18. The apparatus of claim 17, wherein the user interface element
is a brush element and the user input specifies the magnitude based
on a number of brush operations applied to one or more user
interface elements.
19. The apparatus of claim 17, wherein the adjustment is performed
to generate multiple sets of adjusted formatting parameters
according to a genetic function, wherein one or more iterations of
the genetic function are controlled based on the user input.
20. The apparatus of claim 17, wherein the user input includes a
plurality of swipe inputs, wherein a number of the swipe inputs
indicates the magnitude and a direction of the swipe inputs
indicates the direction.
Description
BACKGROUND
Technical Field
[0001] Embodiments described herein relate to design technology
and, in particular, to automated adjustment of low level parameters
such as user interface parameters.
Description of the Related Art
[0002] User interfaces are often generated by multiple skilled
designers, e.g., to combine quality coding techniques with
graphical design to achieve desired functionality while pleasing
the eye, achieving branding goals, or promoting desired user
behaviors.
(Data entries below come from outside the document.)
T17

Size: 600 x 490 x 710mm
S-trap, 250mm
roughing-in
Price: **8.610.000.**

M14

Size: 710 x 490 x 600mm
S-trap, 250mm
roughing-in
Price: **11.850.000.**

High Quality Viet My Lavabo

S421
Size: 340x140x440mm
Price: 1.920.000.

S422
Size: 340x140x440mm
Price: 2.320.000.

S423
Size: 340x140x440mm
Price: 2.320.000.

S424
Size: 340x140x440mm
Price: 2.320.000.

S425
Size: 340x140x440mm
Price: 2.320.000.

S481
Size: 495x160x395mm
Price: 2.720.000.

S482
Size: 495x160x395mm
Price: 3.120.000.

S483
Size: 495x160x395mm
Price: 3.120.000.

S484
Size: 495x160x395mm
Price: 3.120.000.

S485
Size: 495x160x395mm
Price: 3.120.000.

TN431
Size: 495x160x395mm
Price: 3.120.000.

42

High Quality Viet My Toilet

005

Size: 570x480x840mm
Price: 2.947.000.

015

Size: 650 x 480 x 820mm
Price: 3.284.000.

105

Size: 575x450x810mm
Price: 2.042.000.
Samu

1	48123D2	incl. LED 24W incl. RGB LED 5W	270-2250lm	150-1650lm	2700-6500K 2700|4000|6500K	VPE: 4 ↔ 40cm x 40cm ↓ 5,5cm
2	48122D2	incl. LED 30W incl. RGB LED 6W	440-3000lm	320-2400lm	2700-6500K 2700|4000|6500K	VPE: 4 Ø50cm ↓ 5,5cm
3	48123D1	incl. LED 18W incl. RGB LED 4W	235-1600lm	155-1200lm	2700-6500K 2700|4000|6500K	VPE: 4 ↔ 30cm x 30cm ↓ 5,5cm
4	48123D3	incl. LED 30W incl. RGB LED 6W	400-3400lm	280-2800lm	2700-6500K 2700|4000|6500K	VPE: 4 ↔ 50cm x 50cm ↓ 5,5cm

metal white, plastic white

Users or designers may have ideas for the general
direction of desired changes to an interface style, but actually
implementing these changes may be technically difficult or time
consuming.
BRIEF DESCRIPTION OF THE DRAWINGS
[0003] FIG. 1 is a block diagram illustrating an example user
interface customization module, according to some embodiments.
[0004] FIG. 2 is a diagram illustrating an example user interface
with a brush element for user interface customization, according to
some embodiments.
[0005] FIG. 3 is a diagram illustrating example genetic function
module, according to some embodiments.
[0006] FIG. 4 is a flow diagram illustrating an example method for
customizing a user interface, according to some embodiments.
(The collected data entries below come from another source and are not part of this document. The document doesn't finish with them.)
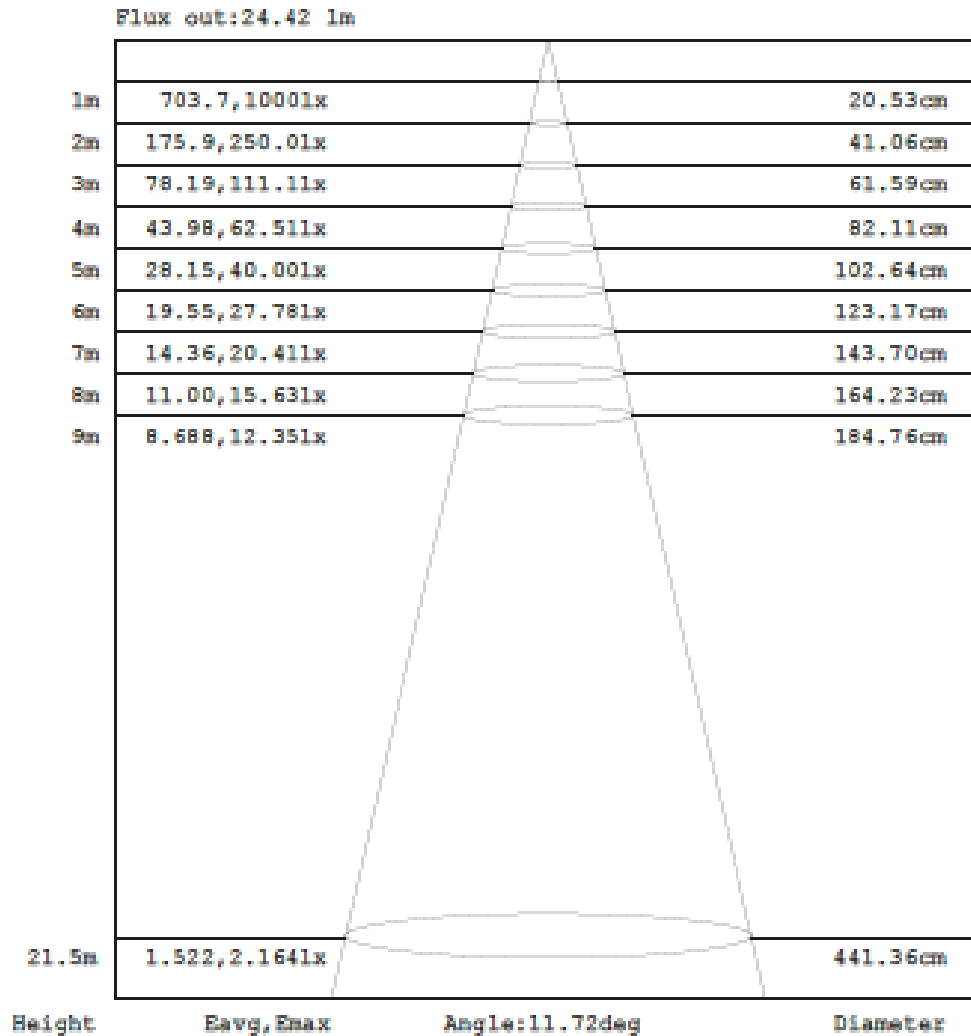

DOTQ-FULL (15°)

Portable and cable free accent battery light

Goniophotometers Diagram

Flux out: 99.00 lm

Height Avg, Emax Angle: 11.35deg Diameter

Note: The Curves indicate the illuminated area and the average illumination when the luminaire is at different distance.

DOTQ-RED (15°)

Portable and cable free accent battery light

Goniophotometers Diagram

Note: The Curves indicate the illuminated area and the average illumination when the luminaire is at different distance.

DOTQ-WHITE (15°)

Portable and cable free accent battery light

Goniophotometers Diagram

Flux out: 38.87 lm

Note: The Curves indicate the illuminated area and the average illumination when the luminaire is at different distance.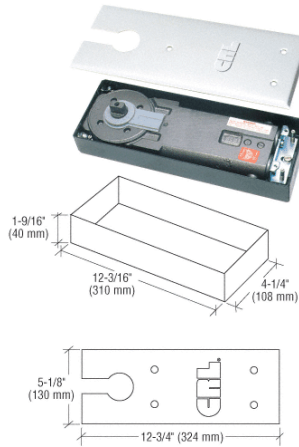

Gotham Three:

13/16" x 1 3/4" shallow office front frame

- Uses Top Loading Roll-In Glazing Gasket for 3/8" and 1/2" (10 and 12 mm) Glass

Brushed Stainless Top Center-Hung Free Swing Pivot

- Surface Mount Top Pivot Type for Use with Patch Fittings
- Brushed Stainless Finish

Medium Duty 90 Degree Hold Open Low Profile Floor Mounted Closer

- 264 Lb. Capacity, 42" Doors
- Low Profile 1-9/16" (40 mm) Depth
- Interchangeable Spindle Heights
- 5 Year Limited Warranty

Brushed Stainless Bottom Door Patch

- 2-3/4" (70 mm) Pivot Setback
- For 3/8" or 1/2" (10 or 12 mm) Glass

Brushed Stainless Top Door Patch

- For 3/8" or 1/2" (10 or 12 mm) Glass
- 2-3/4" (70 mm) Pivot Setback

Brushed Stainless Glass Mounted Latch with Lock and Thumb-turn

- Works on Single or Double Doors
- For 3/8" or 1/2" (10 or 12 mm) Glass
- Field Reversible

Brushed Stainless Glass Mounted Long Patch Keeper

- For use with 3/8" (10 mm) or 1/2" (12 mm) Thick Glass
- Stamped Body with Finished Cover Plates
- Works with Either Latch Above on Double Doors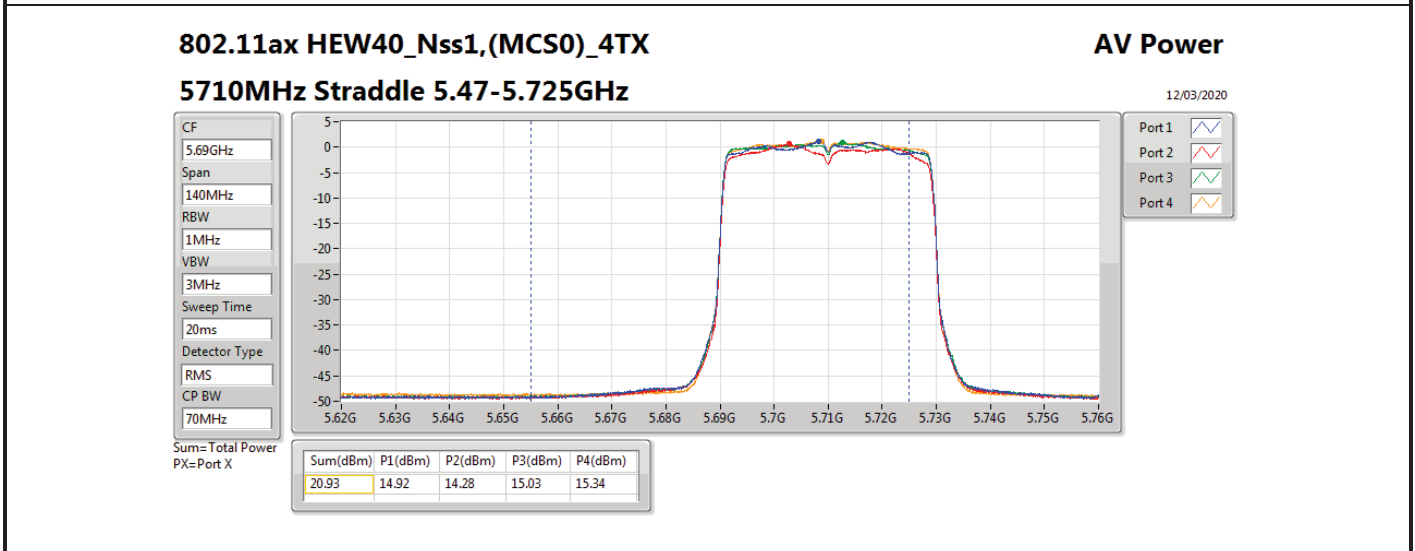

DG = Directional Gain; **Port X** = Port X output power

802.11ax HEW80_Nss1,(MCS0)_4TX
5690MHz Straddle 5.47-5.725GHz

AV Power

12/03/2020

CF
5.65GHz
Span
300MHz
RBW
1MHz
VBW
3MHz
Sweep Time
20ms
Detector Type
RMS
CP BW
150MHz

[0007] FIG. 5 is a block diagram illustrating an example computing
system, according to some embodiments.
[0008] This disclosure includes references to "one embodiment," "a
particular embodiment," "some embodiments," "various embodiments,"
"an embodiment," etc. The appearances of these phrases do not
necessarily refer to the same embodiment. Particular features,
structures, or characteristics may be combined in any suitable
manner consistent with this disclosure.
[0009] Within this disclosure, different entities (which may
variously be referred to as "units," "circuits," other components,
etc.) may be described or claimed as "configured" to perform one or
more tasks or operations. This formulation--[entity] configured to
[perform one or more tasks]--is used herein to refer to structure
(i.e., something physical, such as an electronic circuit). More
specifically, this formulation is used to indicate that this
structure is arranged to perform the one or more tasks during
operation. A structure can be said to be "configured to" perform
some task even if the structure is not currently being operated.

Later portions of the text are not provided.